Closed seth-shaw-unlv closed 5 years ago
Seems like maybe Drupal is too slow compared to convert and we need to limit the number of messages it tries to process at one time. Perhaps setting a limit on the number of activemq consumers is the way to go.
@seth-shaw-unlv @whikloj I need to verify we're not leaking files first, which is difficult. I've been pretty careful about it and I'd like to say it's not that, but it's the most probable reason for hitting the limit.
Regardless, we'll have to throttle in some way. Due to PHP peculiarities, we're forced to use to a temp stream in CmdExecuteService
for output, which opens a file if it is > 4kb. So all the derivative generation microservices are likely to hit the open file limit under load. So if everything's on the same box, then... :bomb::bomb::bomb:
As @whikloj suggests, we'll want to make sure messages are not being processed in parallel with activemq. If we still hit the limit after dropping the number of concurrent consumers to 1, then we'll have to use camel's throttler on the derivative generation routes. Basically, just throw a .throttle(100)
at the beginning of the route.
To slow and make careful my derivative-toolkit I setup a pool of activemq consumers and that limits how many we open at a time.
I used this block, then left the ${concurrent.consumers}
as a configurable option so you can increase or decrease the number of consumers.
I'll also note that I discovered that by default each ActiveMQ consumer pre-fetches about 1,000 messages.
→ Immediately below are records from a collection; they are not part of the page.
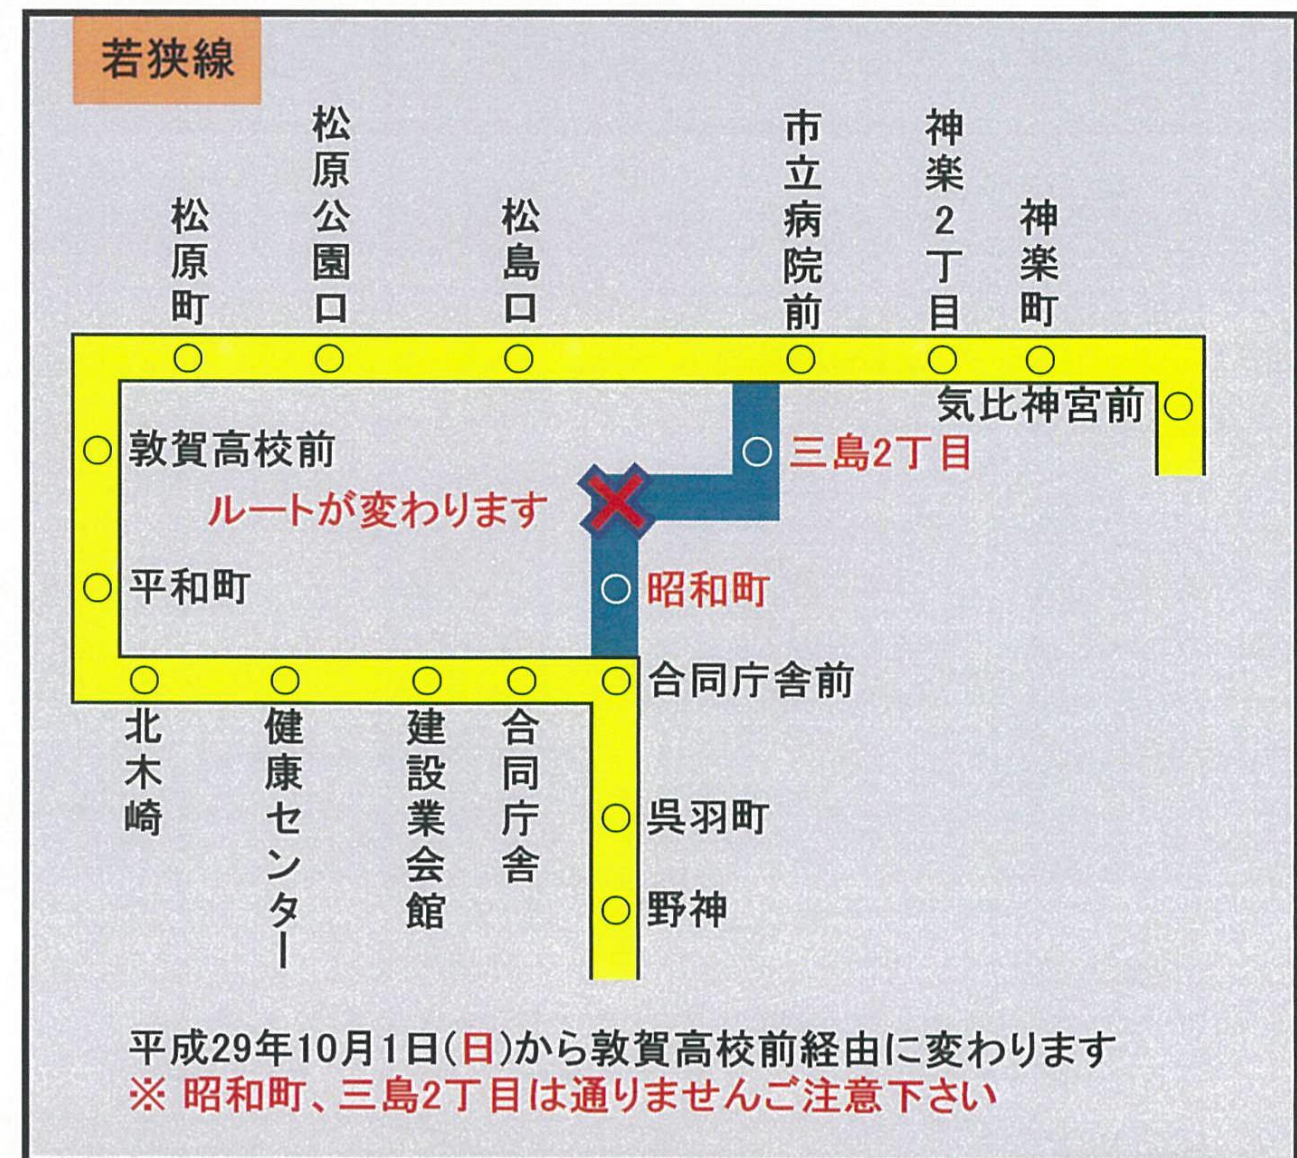

平成29年10月1日(日)から 若狭線・菅浜線の運行ルートが変わります

平素は福鉄バスをご利用いただきありがとうございます。お客様にお知らせいたします。

- ・ 若狭線、菅浜線は以下のとおり運行ルートが変わります。
- ・ バスの運転時刻も変わります。

福鉄バス時刻表、敦賀市・コミュニティバス時刻表などでお確かめください。

※ダイヤ変更・経路変更ともに認可申請中です。

お問い合わせ先
福井鉄道(株)嶺南営業所 電話0770-22-1317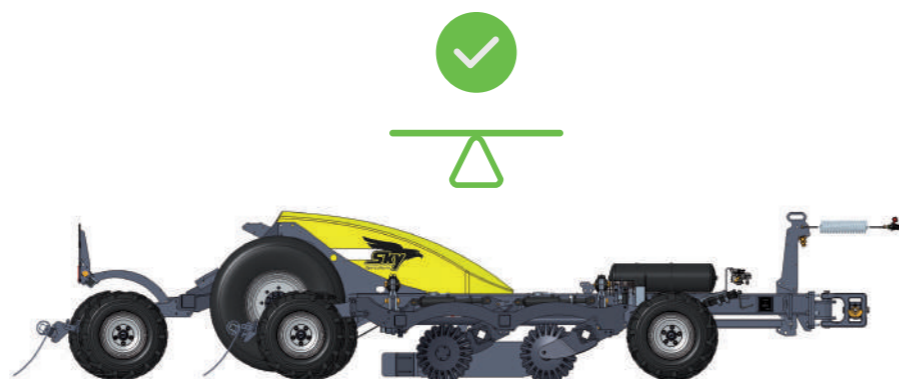

METHYS

Hybrid Disc System

FARMING TOGETHER

JE VOUS PARLE DU NOUVEL
ESSAI A LA FERME

FARMING TOGETHER
#FarmingTogether

Type	TW 6000	TW 8000
	6 m	8 m
	3 m	
① ②	6.97 m / 7.47 m	
③	3.7 m	3.9 m
	48	64
	3/11 cm	
	10-14 Km/h	
	150/220 cv	210/310 cv
	6200 kg	7800 kg

TANDEM

METHYS
FT 1800

Ferme de la - Saint-Émilien de Blain
44130 BLAIN France
Tél : +33 (0)2 40 87 11 24
contact@sky-agriculture.com
sky-agriculture.com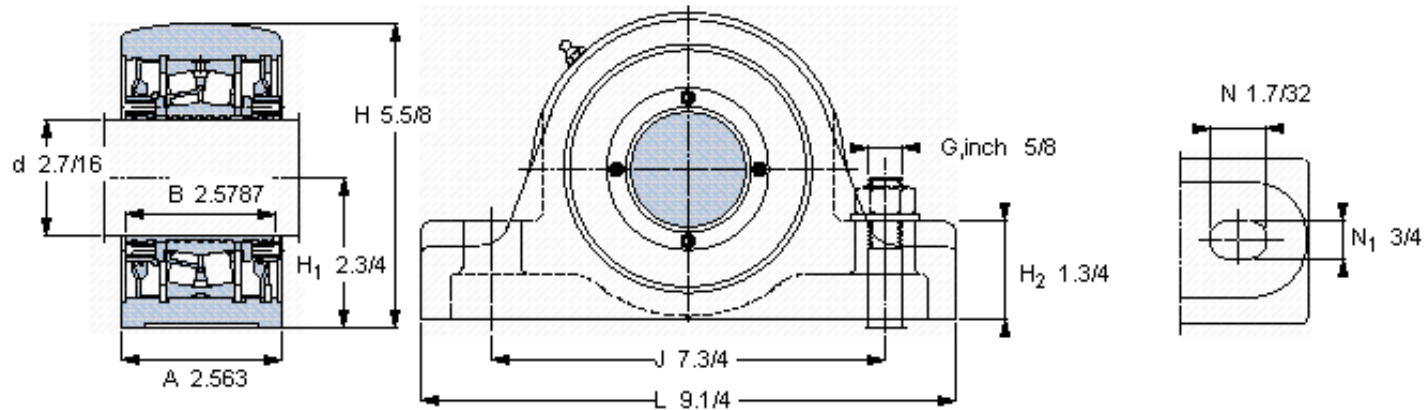

SKF SYR 2.7/16 NH参数

主要尺寸	d	61.913	mm	-
	A	65.1	mm	-
	H	142.875	mm	-
	H ₁	69.85	mm	-
	L	234.95	mm	-
基本额定载荷	C	193000	N	动载荷
	C ₀	216000	N	静载荷
极限转速	极限转速	2900	r/min	-
重量	重量	7260	g	-
型号	型号	SYR 2.7/16 NH	-	-
基本轴承型号	基本轴承型号	22213	-	-

SKF SYR 2.7/16 NH图片

重新润滑脂量 [克]

2

参考资料: <http://www.sozhou.com/p/e41a64ee.html>

重新润滑脂量 [克]

2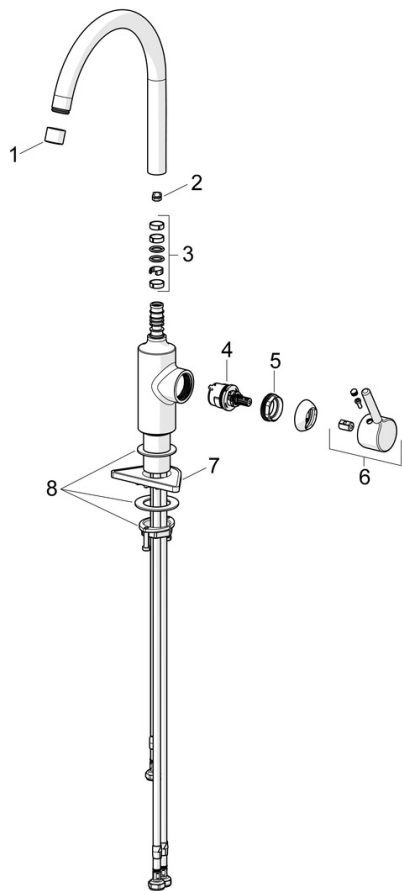

EAN: 4057304019883
static.hansa.com/5222116733

- Kuchyňa
- Jednopáková s bočným ovládaním, Pre beztlakové ohrievače vody
- Stojanková
- Čierna matná
- Otočné výtokové rameno
- CASCADE® - aerátor, Aerátor s laminárnym prúdom vody
- Jedna ovládacia páka / rukoväť, Pin - tyčinková páka, Páka so symbolom teplej a studenej vody
- Funkcie pre nastavenie maximálnej teploty a prietoku vody
- Ø 30 mm keramická kartuša pre ovládanie teploty a prietoku vody
- Flexibilné pripojovacie hadičky
- Telo batérie z mosadze DZR

Technické údaje

Technické vlastnosti

Dodávka teplej vody	max. +70°C
Pracovný tlak	0.5-10 bar
Spojovacia veľkosť	G3/8
Projekcia	247 mm
Materiál	Mosadz

Predpisy

Trieda hlučnosti	I (ISO 3822)
------------------	--------------

Schválenia a Prehlásenia

Vyhlásenie o zhode	DoC
--------------------	-----

Náhradné diely

SP5222116733

	Názov	Kód
01	Aerator, STD M22x1 LP Čierna matná	1017374V-33
02	Obmedzovač, 60° /0°	59914264
02	Obmedzovač, 120° Ukončené	59914429
03	Tesnenie výtokového ramena	59914431
04	Kartuš, 3.0	1014428V
05	Prítlačná matica, M34x1.5	1012133V
06	Ovládacia rukoväť Čierna matná	1001749V-33
07	Podložka	59910008
08	Upevňovací set	59913371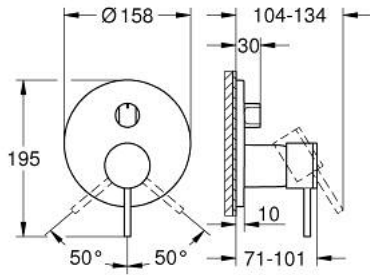

## ATRIO 24 356 GL0 خلاط بمقبض فردي مع محول ثلاثي الاتجاهات

وصف المنتج

trim set for GROHE Rapido SmartBox (35 600/35 604) •

• قلب سيراميك GROHE SilkMove 46 مم

• طلاء GROHE LongLife

• GROHE QuickFix شمسة بعازل عمود مغطى وتركيب مخفي

• شمسة معدنية، تركيب عكسي بزاوية 6 درجات قابلة للتعديل

• المحول ثلاثي الاتجاهات

• without roughing-in set 35 600/35 604 (please order separately) •

لتر/دقيقة

• أداء التدفق: المخرج A = 27 لتر/دقيقة المخرج B = 27 لتر/دقيقة المخرج C = 27

## ATRIO 24 356 GL0 خلاط بمقبض فردي مع محول ثلاثي الاتجاهات

قطع الغيار:

1: مقبض (48443GL0 رقم الطلب:-)

2: مقبض محول، مستدير (48447GL0 رقم الطلب:-)

3: غطاء متقوب من المنتصف (49250GL0 رقم الطلب:-)

4: لوح تحميل (49094000 رقم الطلب:-)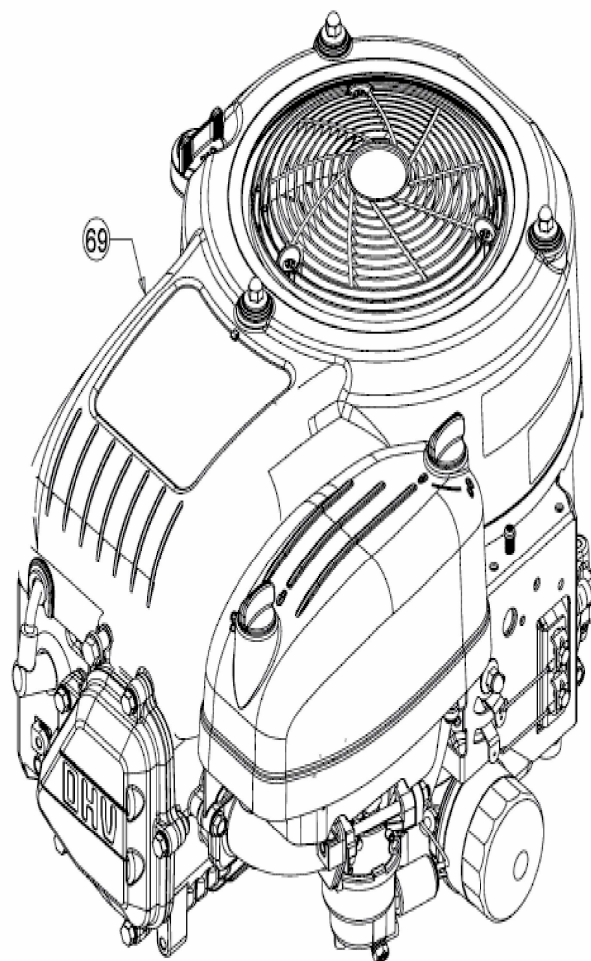

MTD

Model: 4 P 90 HUD

E3-10159A-01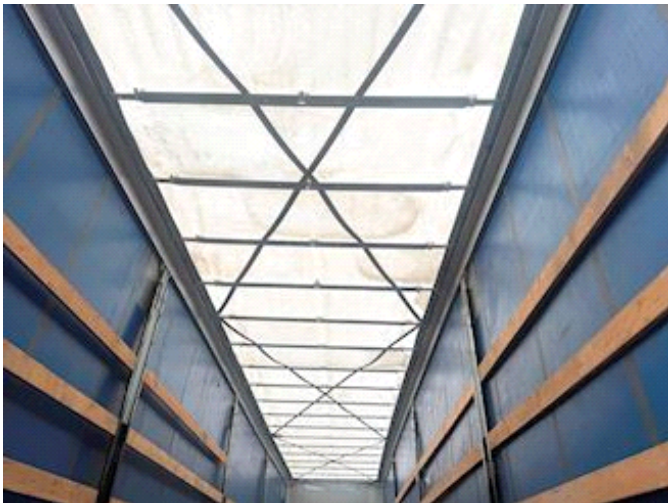

LASTAS A/S

Energivej 35 . DK-8722 Hedensted . Danmark
Motorvej / Autobahn E45 . Afkørsel / Abfahrt 58

E-mail: lastas@lastas.dk
www.lastas.dk

Tel +45 72 19 80 00 • Fax +45 72 19 80 01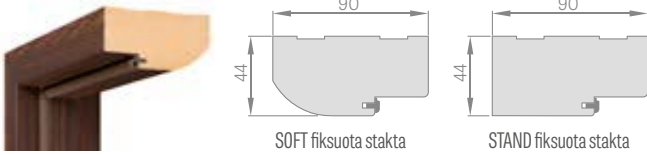

FIKSUOTA STAKTA

UŽLAIDINĖS VARČIOS

FIKSUOTA STAKTA

FINISH	42,90 Eur* / 51,91 Eur**
GREKO	48,30 Eur* / 58,44 Eur**
ST CPL ir PREMIUM	58,50 Eur* / 70,78 Eur**
CPL 0,2	68,40 Eur* / 82,76 Eur**
LAKUOTOS	118,80 Eur* / 143,75 Eur**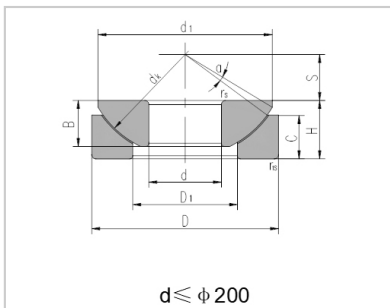

关节轴承

GX...T-GX60T

外形尺寸 (mm) :

轴承型号 :	GX60T
d :	60
D :	150
B :	37
C :	34
H :	45
d :	160
S :	35
d max :	140
d :	
D min :	84
r min :	1
° :	6

额定载荷 (kN) :

动载荷 :	1360
静载荷 :	3470
重量 kg :	4.63

: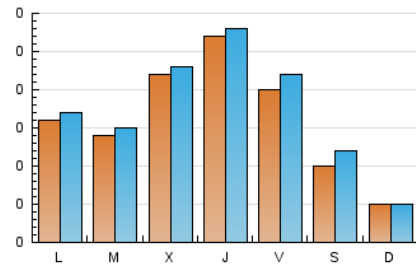

2. Secciones (Nacional)

	PAGINAS	%
HOME	63	7.09 %
RESTO	826	92.91 %

3. Por día del mes (Nacional)

Día	N. únicos	Visitas	Páginas	Día	N. únicos	Visitas	Páginas	Día	N. únicos	Visitas	Páginas
1	4	4	4	11	42	43	67	21	16	21	39
2	9	10	11	12	68	69	128	22	1	1	1
3	16	17	45	13	32	34	52	23	10	12	14
4	11	12	20	14	11	11	21	24	14	16	19
5	10	10	16	15	8	9	54	25	17	20	34
6	15	21	27	16	26	26	42	26	12	12	20
7	8	11	19	17	15	15	28	27	15	15	25
8	5	5	8	18	16	16	24	28	6	6	11
9	16	16	23	19	19	21	26	29	8	8	11
10	17	18	24	20	16	17	29	30	19	19	32
								31	10	10	15

4. Gráficas (Nacional)

4.1 Por día de la semana (promedio)

N. únicos / Visitas (x 100)

Páginas (x 100)

4.2 Por franja horaria (promedio)

Visitas_ (x 1000)

Páginas (x 1000)

4.3 Por meses

I had a problem with OpenStack clients losing connection to push work back, so I limited the pre-fetch to 1 so if it failed I lost 1 message instead of 1,000.
blueprint config - https://github.com/whikloj/islandora-1x-derivative-toolkit/blob/master/islandora-1x-derivative-worker/src/main/resources/OSGI-INF/blueprint/blueprint.xml#L17 Add the parameter to the route - https://github.com/whikloj/islandora-1x-derivative-toolkit/blob/master/islandora-1x-derivative-worker/src/main/resources/OSGI-INF/blueprint/blueprint.xml#L17
@whikloj Yeah, I've been bitten by Activemq's prefetch before, too. Thanks for bringing that up and the examples. It's pretty straight-forward from that.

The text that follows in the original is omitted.